Here is the updated curriculum:

  1. Clean Code
    1. Read chapters 1-9 before the refactoring your homework exercise.
  2. Setup your dev machine (we have powershell scripts for this).
  3. Learn about Github & Branching
    1. trygit
  4. Refactor your own school homework exercises to improve the readability of your code
    1. you are practicing what you have learned in Clean Code
  5. Movies Tutorial – build an ASP .NET MVC web application
  6. watch ASP .NET MVC 4 Fundamentals
    1. Sections 1 & 2
    2. The purpose here is to learn in detail what you did in the Movies Tutorial
  7. watch MVC5 Fundamentals
    1. Identity & Security
    2. Bootstrap
    3. Web Api 2
    4. Entity Framework 6
  8. Music Store Tutorial – build another ASP .NET MVC web application
    1. You should see that you are much faster this time around.
    2. You should understand the “why” in the steps of the tutorial.
  9. Nerd Dinner Tutorial – here’s another version updated for EF4
    1. These tutorials are out of date. To complete the project you will likely have to switch between them.
    2. Use EF Code first instead of what’s in the tutorial for data access.

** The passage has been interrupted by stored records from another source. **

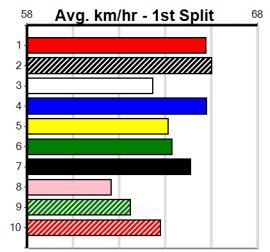

SPORTSBET SAME RACE MULTI

Distance: 525m, Race Type: Grade 5 T3, Total Prizemoney: $3,340
1st: $2,230, 2nd: $690, 3rd: $345, 4th: $75

PENNY'S JADE (4) will find this a fair bit easier than her most recent racing and she can return to the winners list with an ounce of luck here. CORNHILL PRINCE (2) can race closer to the speed from his good draw and could be the danger.

Watchdog Tips: 4 2 3 8 **Bet:** Win 4

1

JOAN'S GEM [5] **$15.00**
May get too far back early here, looks unlikely.
BK Bitch Jun-21 Sire: ASTON DEE BEE Dam: MADALIA MAGGIE
Owner(s): EDITHVALE (SYN), I Bradshaw, M Bradshaw Trainer: Michael Bradshaw (Seaford)
Winning Distances: < 300m (0) 300 - 399m (1) 400 - 499m (2) 500 - 599m (1) 600 - 699m (2) > 700m (0)
Winning Weights: 28.9(1) 29.0(1) 29.1(2) 29.6(2)

Rank	Draw	Dist	Track	Date	Time	BON	Margin	1st/2nd (Time)	PIR	Checked	Comment	WR	Split 1	S/P	Grade
3rd	(4)	29.2	600	MEP	R8	08-May-24	34.94	34.50	6.50L CINDY'S CHARM (34.50)	Q/2333	.	.	9.11	$18.80	X45
8th	(5)	29.4	595	SAN	R1	16-May-24	35.46	34.08	13.00 KISAUNI (34.58)	M/5688	.	.	9.42	$17.70	5
7th	(8)	29.3	600	MEP	R8	22-May-24	35.31	34.46	13.00 FLED THE SCENE (34.46)	M/6777	.	.	9.24	$34.40	X45
2nd	(2)	29.3	400	WGL	R11	06-Aug-24	23.07	22.37	1.25L ASTON BAHT (22.99)	M/33	.	.	8.53	$4.50	5
6th	(5)	29.5	300	HVL	R9	11-Aug-24	17.14	16.65	7.00L MY MATE MINA (16.65)	M/3	.	.	3.99	$42.30	5
6th	(5)	29.4	595	SAP	R5	19-Aug-24	35.34	34.53	12.00 DEWANA PAYOUT (34.53)	M/4566	.	SW	9.37	$9.30	5
6th	(7)	29.2	525	MEA	R12	24-Aug-24	30.74	29.71	11.00 RASHID (30.02)	M/4556	.	.	5.22	$56.00	5
8th	(5)	29.6	460	WGL	R7	30-Aug-24	26.39	25.80	5.50L ASTRONOMICA (26.03)	M/457	.	W	6.59	$23.20	5

Last 3 wins NOT included above

1st	(1)	29.0	600	MEP	R9	06-Dec-23	34.72	34.72	2.75L MORAINIE CHARLI (34.90)	Q/1111	.	SW	8.97	$41.50	5
1st	(4)	29.1	515	SAP	R9	17-Mar-24	29.86	29.41	1.00L URANA ZOOM (29.93)	M/2111	.	.	5.12	$27.50	5F
1st	(4)	28.9	600	MEA	R12	27-Apr-24	34.91	34.31	0.50L MEPUNGA LOAF (34.93)	Q/1111	.	.	9.06	$20.90	5

Box History

Bx	1st	2nd	3rd	4th	5th	6th	7th	8th
1	1	1	2	2	2	3	1	
2	1	1	1		1	2		
3			2			1		
4	2		1		1	1		
5	1					2	2	2
6	1		1			1	2	
7		1				3		
8		3	2		2	1	4	1

Prize Best Starts Trk/Dts APM: $25645.00, 30.74(7)-24/8/24, 55-6-6-9, 5-0-0-0, 6878

    3. Stop when the tutorial tells you to import MicrosoftAjax.js.
      1. Chris will give you his speech on why this file is historically important and why we’re not going to use it.
      2. You’ll use jquery instead.
  10. Pair on the Bowling Game Kata
  11. Implement Fizz Buzz on your own using TDD.
  12. Learn about Dependency Injection
    1. Watch Dependency Injection On Ramp
    2. Read Dependency Injection Patterns
  13. Introduce Fakes, Stubs, and Mocks using this PluralSight video on Rhino Mocks
  14. Practice using Mocks and Stubs using this exercise
  15. Get started on your first real project!